• Nenhum resultado encontrado

Uma economia baseada na propriedade privada e na classe social

CAP 2 – CRÍTICA DA SOCIEDADE HISTÓRICA

2.3 A motivação pedagógico-crítica de Vtopia III

2.3.2 Uma economia baseada na propriedade privada e na classe social

A economia é a base de sustentação de qualquer Estado moderno e a sua prosperidade depende, em grande medida, do sucesso das relações comerciais que estabelece com outros estados.
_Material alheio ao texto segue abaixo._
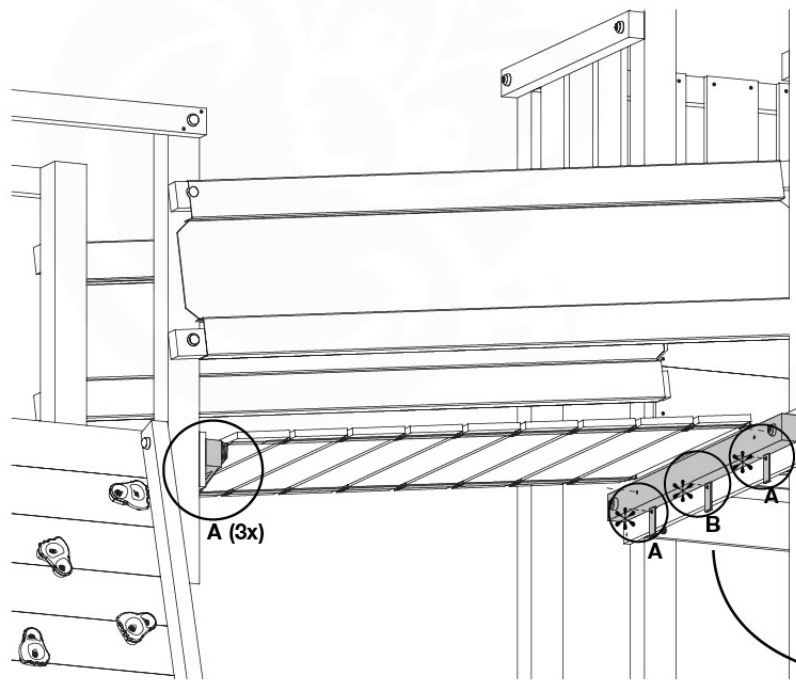

16a''

Jungle Playhouse XL

- 5x 60 mm / 80 mm
- 002_222 / 002_223
- 6x 20 mm
- 002_041

No séc. XV verifica-se que o poderio mercantil inglês é afectado pela concorrência da Liga Hanseática Alemã, uma sociedade mercantil que

51

mantinha fortes relações com o Báltico e o norte da Europa. Em consequência dessa concorrência, por volta de 1485, apenas os Países Baixos, Holanda e Bélgica continuam a negociar com Inglaterra.

Ao nível da agricultura, na Inglaterra, nos finais do séc. XV, inícios do XVI, muitas das terras que se encontravam abandonadas passaram a ser usadas para terras de pasto. Com o aumento populacional e a falta de trabalho, alguns proprietários rurais passam a dedicar-se exclusivamente à pastorícia, privando os camponeses de cultivar as leiras de terra que lhes eram concedidas pelos seus senhores, ficando, portanto, sem o seu meio de subsistência. O processo de “enclosures” intensifica-se e a situação de abandono forçado das terras pelos camponeses agrava-se durante o séc. XVI.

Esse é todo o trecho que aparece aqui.